EDIT : ive been on tren e @ 500mg ew for nearly 4 weeks now i am starting to get tren sides however the first few weeks i had none i couldnt even tell i injected the stuff , night sweats and day sweats im warm and have vivid dreams .


----------



## PHMG (Jun 15, 2010)

@Pscarb

Where can i get some of this "Devil's Water".

Sounds awesome.


----------



## RadMan23 (Dec 22, 2010)

Spawn of Haney said:


> My pip free ttme is almost clear.
> 
> I'm sweating like a pig on a night though.
> 
> ...


How long did it take for you feel anything?

Im running 3ml and its very clear and pip free but only on week 2 so cant comment really.

Just very sceptical of it now, got a feeling nothing is going to happen.


----------



## Fatstuff (Mar 2, 2010)

Never used tren before, am 3 weeks in on 250mg bsi tren e and I am experiencing all of these mentioned sides! Apart from loss of libido as I'm actually worse, like a dog with 2 dicks.


----------



## C.Hill (Nov 21, 2010)

Fatstuff said:


> Never used tren before, am 3 weeks in on 250mg bsi tren e and I am experiencing all of these mentioned sides!
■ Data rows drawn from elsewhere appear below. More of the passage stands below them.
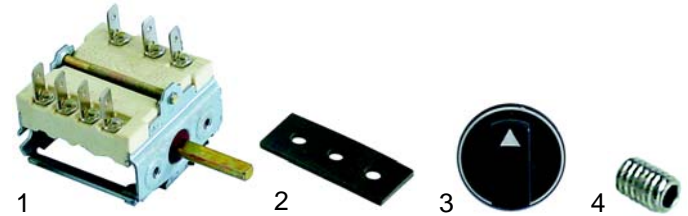

Item	Order	Description	Model	OEM
1	301183	rotary switch		046350
2	504732	gasket	LS540, LS541,	046360
3	110911	knob	LS720, LS860,	046356
4	504733	grub screw	LS1080	047846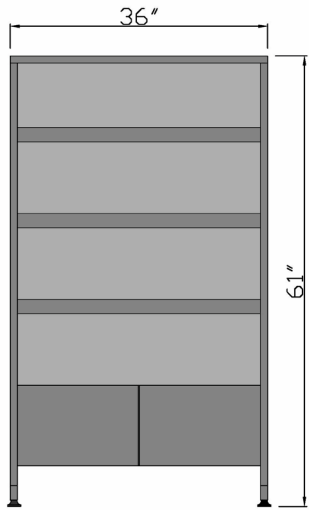

FREESTANDING UNIT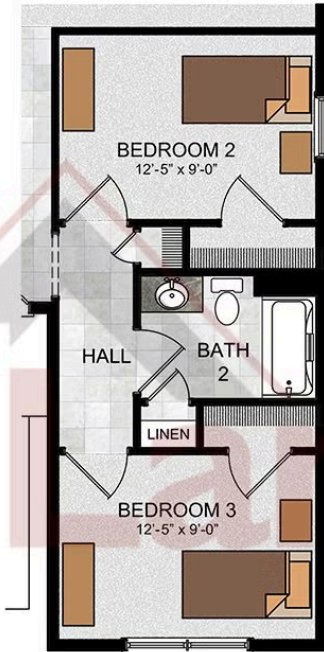

Ideal first-floor living with private owner's suite tucked away in its own corner of the home. With over 1,800 square feet, 2 bedrooms, and 2 full baths, plus open living areas, this is a perfect home for entertaining guests. The kitchen is open to a spacious family room and the sunny dining area. Off of the 2-car garage is a convenient mudroom entry.

Available Elevations

Upgraded Transitional B

Upgraded Traditional A

Upgraded Trademark C

Upgraded Contemporary Elevation

© 2022 Landmark Builders, Inc. We enforce our intellectual property rights to the fullest extent permitted by applicable law. Elevations and landscaping are artists' conceptions only. Floor plans may vary depending on elevation selected. Actual construction documents take precedence over artwork.

OPTIONAL FIRST FLOOR
W/ BEDROOM 3

OPTIONAL SECOND
FLOOR LOFT

OPTIONAL SECOND FLOOR PLAN W/
3RD BEDROOM AND OPTIONAL LOFT
OPEN TO FAMILY ROOM

© 2022 Landmark Builders, Inc. We enforce our intellectual property rights to the fullest extent permitted by applicable law. Elevations and landscaping are artists' conceptions only. Floor plans may vary depending on elevation selected. Actual construction documents take precedence over artwork.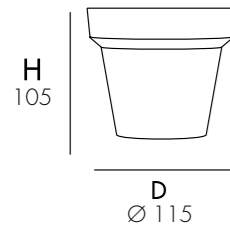

STANDARD COLORS RESIN

RUBINO 3003	ANTHRACITE 7016	GREEN 6016	WHITE 9003	CHERRY 3027
DOVE GRAY 7030	BLUE 5002			

RAL LACQUERED

ON REQUEST

SU RICHIESTA RAL LACCATA/
ANY RAL LACQUERED ON REQUEST **PREZZO SU RICHIESTA/PRICE ON REQUEST**
VAT NOT INCLUDED

POT M

DP1658

€395.00

VAT. NOT INCLUDED

VASO

- OUTDOOR
- REALIZZATO IN RESINA COLORATA IN MASSA

POT

- OUTDOOR
- REALIZED IN POLYETHYLENE HD MASS COLOURED

VASE

- OUTDOOR
- FABRIQUÉ EN RÉSINE COLORATION MASSIVE

JARRÓN

- OUTDOOR
- REALIZADO EN RESINA COLOREADA A GRANEL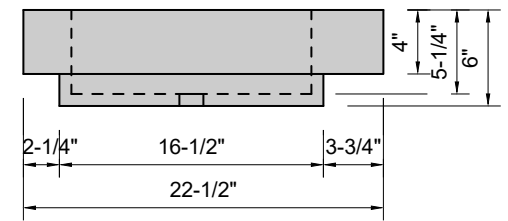

TOP VIEW

FRONT VIEW

SIDE VIEW

Model #: BR-60-03
Breeze
8" widespread faucet holes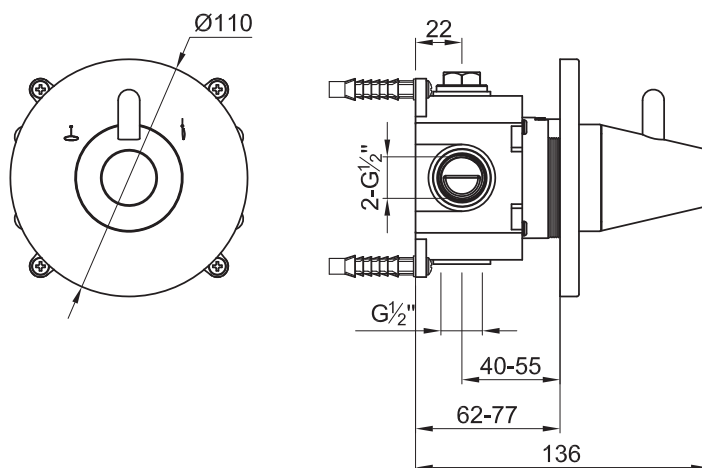

JEE-O cone diverter

Article code:	900-2600 ● Brushed 900-2606 ● Gun metal	Connection:	2 x G 1/2" (Ø15mm / 0.6")
Material:	Stainless Steel r304	Thread:	British Standard Pipe (BSP)
Cleaning instructions:	download JEE-O shower and taps manual on our website: www.jee-o.com	Dimension package:	L 25 x W 18 x H 16 cm
Cartridges:	Fluhs ceramic diverter mechanism item code 005-0601	Total weight:	1.6 kg
Flow at water of 38°C:	11l p/m at 3Bar pressure	Package weight:	0.3 kg
Pressure:	Recommended working pressure 3Bar	2 year warranty - The general conditions can be found on our website: www.jee-o.com/downloads	
		HS code:	84248970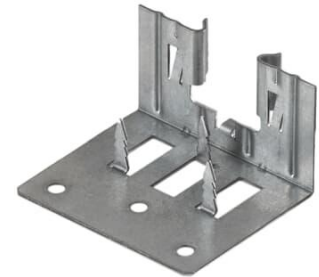

## Product Card

Truss fixture 24 mm, e.g. for double plaster board

# Truss fixture

Truss fixture 24 mm, e.g. for double plaster board

**Type:** AS26.24

**Product ID:** 2TKA001713G1

**GTIN:** 6418677335914

Truss fixture AS26.24 is used with the boxes AU60 and AU 60.1 in double board walls. The truss fixture includes nailing plate, which can also be attached using screws.

Apart from loss of libido as I'm actually worse, like a dog with 2 dicks.


Tren makes me too horny man.


----------



## MRSTRONG (Apr 18, 2009)

Fatstuff said:


> Never used tren before, am 3 weeks in on 250mg bsi tren e and I am experiencing all of these mentioned sides! Apart from loss of libido as I'm actually worse, like a dog with 2 dicks.


you running test ?

i think ming said deca makes him rampant , i know not tren but shows it can work differently person to person .


----------



## Fatstuff (Mar 2, 2010)

ewen said:


> you running test ?
> 
> i think ming said deca makes him rampant , i know not tren but shows it can work differently person to person .


Yeh running test aswell


----------



## zack amin (Mar 13, 2012)

Fatstuff said:


> Never used tren before, am 3 weeks in on 250mg bsi tren e and I am experiencing all of these mentioned sides! Apart from loss of libido as I'm actually worse, like a dog with 2 dicks.


My first run with tren you could've done pull ups on my knob, never that good again tho


----------



## Fatstuff (Mar 2, 2010)

It's bad.... Had sex twice and 2 w4nks yesterday.... Still had 2 sex dreams last night!! This steroid sh1t is going to get me in trouble!!!


----------



## MRSTRONG (Apr 18, 2009)

Fatstuff said:


> Yeh running test aswell


im running test 350 with tren also using proviron so couldnt say which is making my libido higher .


----------



## BigTrev (Mar 16, 2008)

Pscarb said:


> i know it is so funny it is sad.......
> 
> at the end of the day it is another UGL, there where so many promises when it first arrived one of them being no PIP due to some special oil they used to suspend the gear in......blah blah
> 
> ...


Answered exactly right,,nice one Paul

Personally i think that clears everything up on the matter of BSI


----------



## El Toro Mr UK98 (Nov 11, 2011)

ewen said:


> im running test 350 with tren also using proviron so couldnt say which is making my libido higher .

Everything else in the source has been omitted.